Triathlons are soaring in popularity, especially as charity fundraisers. They are drawing many people who are not used to such demanding exercise. Each year, about 1,000 of these events are held and several hundred thousand Americans try one.

"It's something someone just signs up to do," often without a medical checkup to rule out heart problems, said Dr. Kevin Harris, a cardiologist at the Minneapolis Heart Institute at Abbott Northwestern Hospital. "They might prepare for a triathlon by swimming laps in their pool. That's a lot different than swimming in a lake or a river."

He led the study and presented results Saturday at an American College of Cardiology conference in Florida. The Minneapolis institute's foundation sponsored the work and tracks athlete-related sudden deaths in a national registry.

Marathon-related deaths made headlines in November 2007 when 28-year-old Ryan Shay died while competing in New York in the men's marathon Olympic trials. Statistics show that for every million participants in these 26.2-mile running races, there will be four to eight deaths.

The rate for triathletes is far higher — 15 out of a million, the new study shows. Almost all occurred during the swim portion, usually the first event.

"Anyone that jumps into freezing cold water knows the stress on the heart," said Dr. Lori Mosca, preventive cardiology chief at New York-Presbyterian Hospital and an American Heart Association spokeswoman. She had no role in the study but has competed in more than 100 triathlons, including the granddaddy — Hawaii's Ironman competition.

Cold water constricts blood vessels, making the heart work harder and aggravating any pre-existing problems. It also can trigger an irregular heartbeat. On top of this temperature shock is the stress of competition.

"It's quite frightening — there are hundreds of people thrashing around. You have to keep going or you're going to drown," Mosca said.

Swimmers can't easily signal for help or slow down to rest during swimming as they can in the biking or running parts of a triathlon, said Harris, who also has competed in these events. Rescuers may have trouble spotting someone in danger in a crowd of competitors in the lakes, rivers and oceans where these events typically are held, he added.

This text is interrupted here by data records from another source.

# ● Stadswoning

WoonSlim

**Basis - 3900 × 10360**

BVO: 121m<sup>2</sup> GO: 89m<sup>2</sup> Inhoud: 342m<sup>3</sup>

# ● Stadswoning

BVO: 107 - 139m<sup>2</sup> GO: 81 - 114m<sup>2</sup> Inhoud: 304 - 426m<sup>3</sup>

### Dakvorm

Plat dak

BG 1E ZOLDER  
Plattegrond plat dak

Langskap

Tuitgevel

For the study, researchers used records on 922,810 triathletes competing in 2,846 USA Triathlon-sanctioned events between January 2006 and September 2008.

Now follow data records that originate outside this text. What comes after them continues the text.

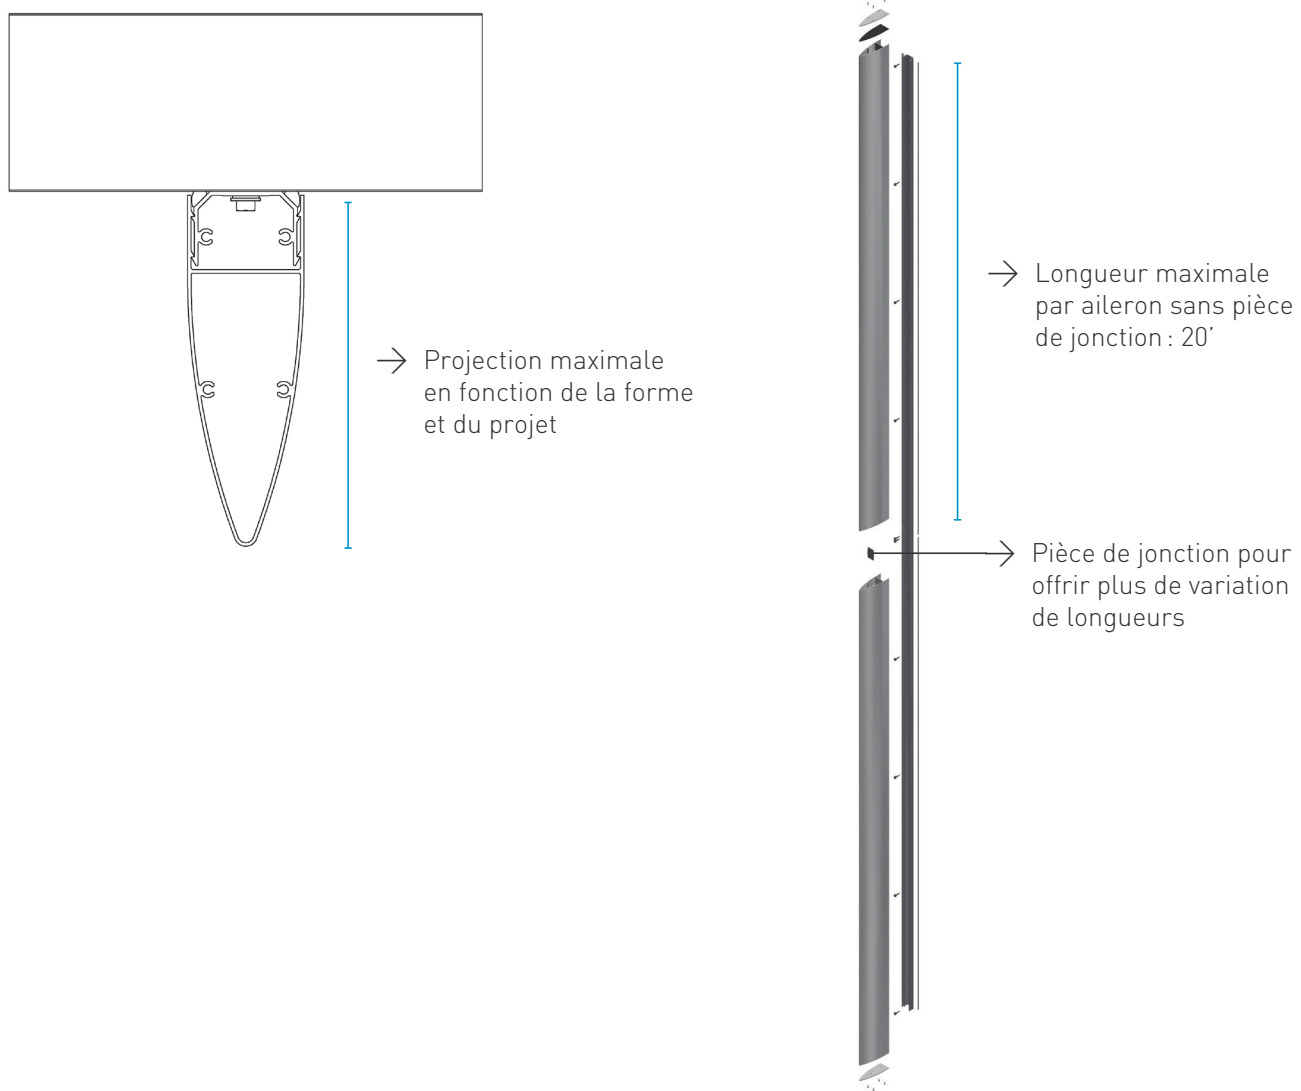

AILERONS VERSA

VERTICAL

Compatible avec NOREX-H, NOREX-L, NOREX-M et NOROC

HORIZONTAL | DISPONIBLE À LA DIAGONALE

Compatible avec NOREX-H, NOREX-L, NOREX-M et NOROC

MODÈLE 100% PERSONNALISABLE

Contactez votre représentant technique des ventes Norbec pour discuter des possibilités pour votre projet!

INSPIRATION

Disponible en aluminium extrudé

CARACTÉRISTIQUES

| TYPE D'AILERONS |  | |  | |  | |
|-----------------------------------|---|-----------------|--|--|---|--|
| | LINÉA | | FLEX | | VERSA | |
| COMPATIBILITÉ | NOREX-H | | NOREX-H, NOREX-L NOREX-M et NOROC | | NOREX-H, NOREX-L NOREX-M et NOROC | |
| ORIENTATION | Vertical Horizontal | | Vertical Horizontal Diagonale | | Vertical Horizontal Diagonale | |
| MOMENT DE L'INSTALLATION | Simultané aux panneaux | | Simultané ou subséquente aux panneaux | | Simultané ou subséquente aux panneaux | |
| FIXATION | Aux entremises | | En surface pour le NOREX-H, NOREX-L et NOREX-M | | En surface pour le NOREX-H, NOREX-L et NOREX-M | |
| | | | En surface et aux entremises pour le NOREX-H, NOREX-L, NOREX-M et NOROC | | En surface et aux entremises pour le NOREX-H, NOREX-L, NOREX-M et NOROC | |
| REDONDANCE | Au joint | | Sans contrainte | | Sans contrainte | |
| PROJECTION | Acier : 7" | Aluminium : 12" | 8" | | En fonction de la forme et du projet | |
| LONGUEUR MAXIMALE | 12' | | 12' | | 20' | |
| MATÉRIEL OPTIONS DE COULEURS | Acier prépeint : couleurs standards Norbec* | | Acier prépeint : couleurs standards Norbec* | | Aluminium extrudé : couleurs et formes personnalisées | |
| | Aluminium : couleurs personnalisées | | Aluminium : couleurs personnalisées | | | |
| COUVERCLES | Sans couvercle | | Options potentielles : Sans couvercle, étanche, non étanche | | Options potentielles : Sans couvercle, étanche, non étanche | |
| RÉTROFIT | Non | | Oui | | Oui | |
| DÉLAI DE LIVRAISON | 🕒 - 🕒 🕒 | | 🕒 - 🕒 🕒 | | 🕒 🕒 🕒 | |
| PRIX | 💰 | | 💰 - 💰 💰 | | 💰 💰 💰 | |

Of the 14 deaths identified, 13 occurred during swimming; the other was a bike crash. Autopsies on six of the victims showed that four had underlying heart problems. Two others had normal-looking hearts, but they may have suffered a fatal heart rhythm problem, Harris said.

A search of the Minneapolis registry and the Internet found four other triathlon-related deaths from 2006 through 2008 beyond those that occurred in the officially sanctioned events.

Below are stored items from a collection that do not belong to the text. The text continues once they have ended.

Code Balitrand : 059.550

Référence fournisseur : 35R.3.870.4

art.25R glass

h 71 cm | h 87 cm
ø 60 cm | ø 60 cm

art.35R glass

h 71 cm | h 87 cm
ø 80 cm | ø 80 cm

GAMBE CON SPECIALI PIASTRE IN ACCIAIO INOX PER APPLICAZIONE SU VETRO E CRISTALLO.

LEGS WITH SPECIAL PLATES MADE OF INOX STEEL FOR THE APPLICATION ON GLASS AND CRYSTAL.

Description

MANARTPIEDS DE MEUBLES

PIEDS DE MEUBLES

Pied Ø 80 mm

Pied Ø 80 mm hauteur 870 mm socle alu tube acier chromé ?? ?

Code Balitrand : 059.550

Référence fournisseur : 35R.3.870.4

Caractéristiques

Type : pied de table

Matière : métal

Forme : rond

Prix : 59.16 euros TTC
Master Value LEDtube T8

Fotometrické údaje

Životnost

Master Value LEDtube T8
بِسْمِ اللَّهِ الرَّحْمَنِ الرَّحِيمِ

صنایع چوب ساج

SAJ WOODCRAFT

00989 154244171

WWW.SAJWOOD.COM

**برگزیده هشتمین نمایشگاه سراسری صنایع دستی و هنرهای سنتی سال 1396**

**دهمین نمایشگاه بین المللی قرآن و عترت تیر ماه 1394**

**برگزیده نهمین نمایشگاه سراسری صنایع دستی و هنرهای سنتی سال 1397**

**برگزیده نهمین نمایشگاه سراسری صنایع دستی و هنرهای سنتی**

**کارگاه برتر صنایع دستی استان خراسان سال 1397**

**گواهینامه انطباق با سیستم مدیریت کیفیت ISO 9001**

"While not a large risk, this is not an inconsequential number," Harris said.

Fundraising triathlons have enticed many runners to try to expand into areas like swimming, which they may not have learned to do very efficiently, to benefit particular charities, Mosca said.

"They're really recruiting people to do these events," she said. "It can be a recipe for disaster."

Doctors offer these tips to anyone considering a triathlon:

Get a checkup to make sure you don't have hidden heart problems.

Train adequately long before the event, including open-water swims — not just in pools.

Acclimate yourself to the water temperature shortly before a race, and wear a wetsuit if it's too cold.

Make sure the race has medical staff and defibrillators on site.